- Starring: Hunter Ellis
- Country of origin: United States
- No. of episodes: 24

Production
- Running time: 60 minutes

Original release
- Network: History Channel
- Release: 2005 – 2006

= Man, Moment, Machine =

Man, Moment, Machine is a television series which aired on the History Channel and was hosted by Hunter Ellis. It documented important events of history and detailed about a machine, the point of time it was made, how it was made, and the outcome.

==Production==
The show explores historical instances where human-machine cooperation led to transformative events or achieved technological milestones. The show's first season had 14 episodes. The show was produced by Edelman Productions and staffed by five crew members and six cast members. For the show's second season, the episode about the Apollo 13 mission was filmed at the Cosmosphere. The production team visited Mare Island to film three episodes.

== Episodes ==

===Season 1===

1. Hunting Bonnie and Clyde
2. The Great Sub Rescue
3. Doolittle's Daring Raid
4. Stormin' Norman and the Abrams Tank
5. Shot Down: The U-2 Spyplane
6. Mine Rescue Mask
7. Wernher von Braun and the V2 Rocket
8. Thomas Edison and the Electric Chair
9. Howard Hughes and the Spruce Goose
10. Ultimate Weapon: Oppenheimer and the Atomic Bomb
11. The Higgins Landing Craft
12. Dam Buster: World War II's Bouncing Bomb
13. 25,000 Miles non-stop: Voyager Spacecraft
14. Sikorsky and the Rescue Chopper

==Season 2==

1. Apollo 13: Triumph on the Dark Side
2. Patton and the Desperate Tank Attack
3. Alexander the Great and the Torsion Catapult
4. Al Capone and the Machine Gun Massacre
5. Stormin' Norman and the Stealth Fighter
6. Lincoln and the Flying Spy Machine
7. Alexander Graham Bell and the Astonishing Telephone
8. Da Vinci and the Handgun
9. The Red Baron and the Wings of Death
10. Saddam Hussein and the Nerve Gas Atrocity
11. Galileo and the Sinful Spy Glass
12. Enzo Ferrari and the Historic Race
13. JFK and the Crisis Crusader

==Reception==
Sierra Filucci of Common Sense Media penned a mixed review of the show.

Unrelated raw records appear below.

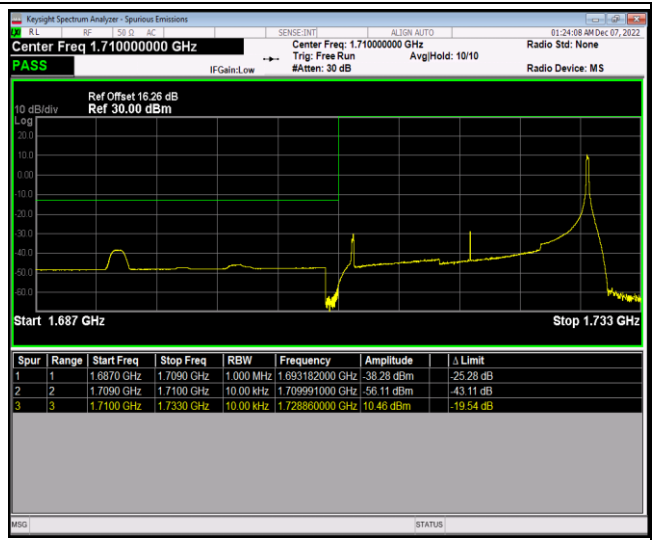

Band66-20MHz-16QAM-132072-1RB#99

Band66-20MHz-16QAM-132572-1RB#0
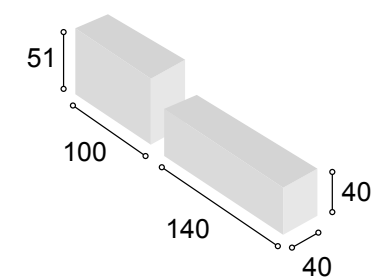

COLECCIÓN
JAÉN 240 cm.
BLANCO
PIZARRA

99

Referencia	Descripción	Cantidad	Puntos
ALBA10JABLP	ALTO BAR 100 JAÉN BLANCO/ PIZARRA	1	59
BA2P10JABL	BAJO 2/P DE 100 JAÉN BLANCO	1	63
BA2P14JABLP	BAJO 2P + HUECO DE 140 JAÉN BLANCO/ PIZARRA	1	97
ES1E140JABL	ESTANTERIA 1 ESTANTE 140 JAÉN BLANCO	1	30

Total **249**

COLECCIÓN
JAÉN 240 cm.
CAMBRIAN
BLANCO

100
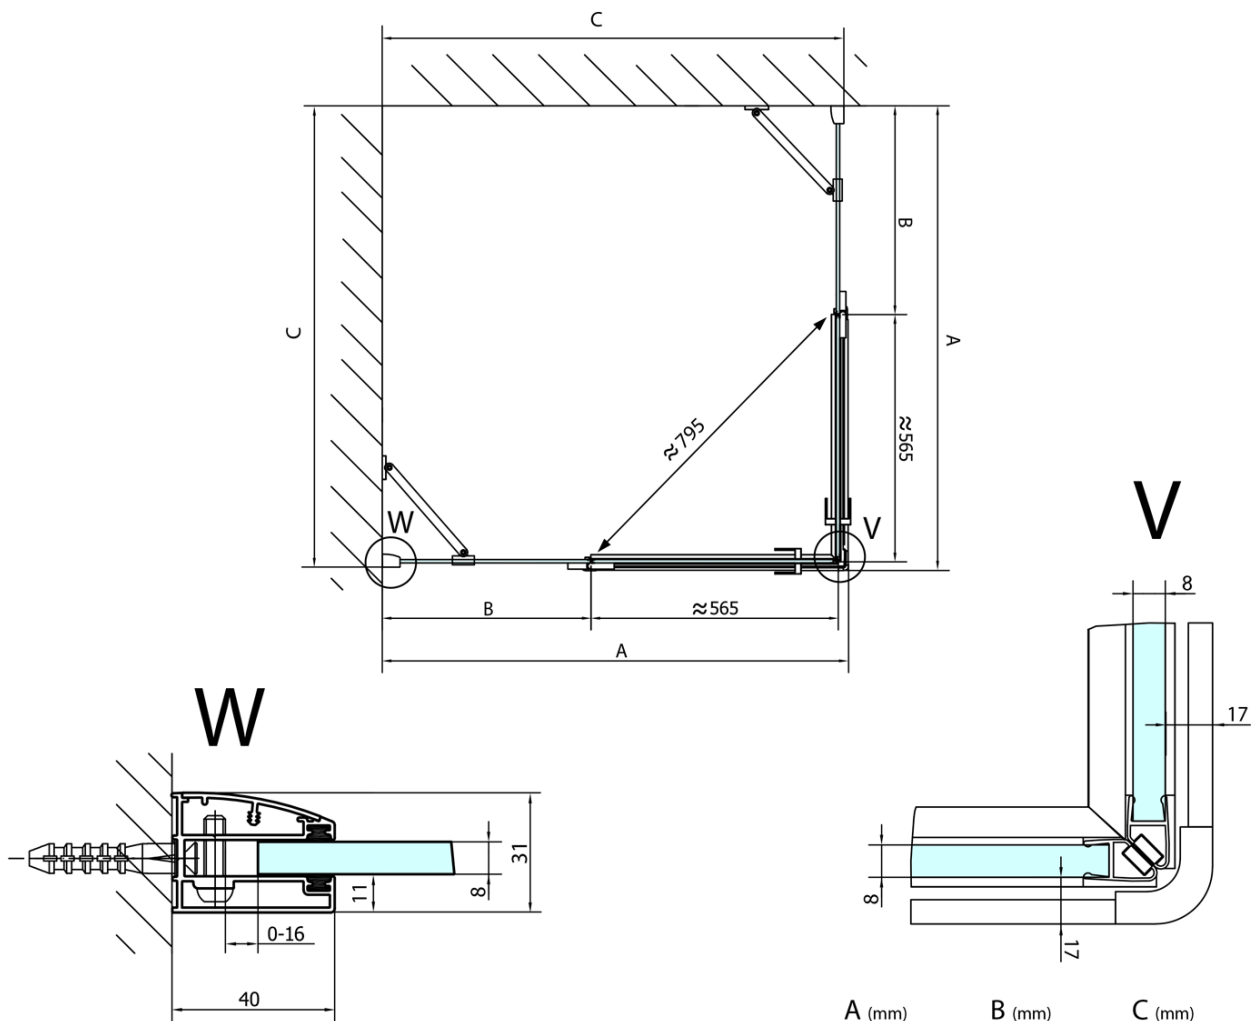

FORTIS kabina prysznicowa 1000x1100 mm, wejście z rogu

Kod: FL1010LFL1011R

Podstawowe informacje

Marka: Polysan

Seria: FORTIS

Rozmiary

Szerokość: 1000 mm

Wysokość: 2000 mm

Głębokość: 1100 mm

Właściwości

Kolor profilu: Chrom - Aluminium polerowane

Kształt: Prostokątna - wejście z rogu

Typ otwierania: Dwuskrzydłowe

Szerokość wejścia: 795 mm

Rodzaj szkła: Szkło czyste

Wykończenie szkła: Antidrop

Grubość szkła: 8 mm

Właściwości: Bezprofilowe

Waga / szt.: 96.0 kg

Opakowanie: 2 szt.

Gwarancja: 2 lata

Karta techniczna

FL10xxL
FL11xxL

FL10xxR
FL11xxR

FORTIS kabina prysznicowa 1000x1100 mm, wejście z rogu

	A (mm)	B (mm)	C (mm)
FL1080	785-801	≈ 210	779-795
FL1090	885-901	≈ 310	879-895
FL1010	985-1001	≈ 410	979-995
FL1011	1085-1101	≈ 510	1079-1095
FL1012	1185-1201	≈ 610	1179-1195
FL1113	1285-1301	≈ 710	1279-1295
FL1114	1385-1401	≈ 810	1379-1395
FL1115	1485-1501	≈ 910	1479-1495

She praised the show for how "its unique method of storytelling" could "bring a new energy to a familiar event". She criticized the show, writing, "But aside from its relatively innovative approach, the show feels a lot like many other documentary-style programs that look back on historical moments." In a mixed review, Angus Batey of The Times wrote about the episode featuring Barnes Wallis and the bouncing bomb, "The approach irritates: the American actors' accents slip in the numerous reconstructions, and the presenter, Hunter Ellis, strolls around tropical locations for no real reason. But the story of a determined inventor helping to win the war is strong enough to triumph."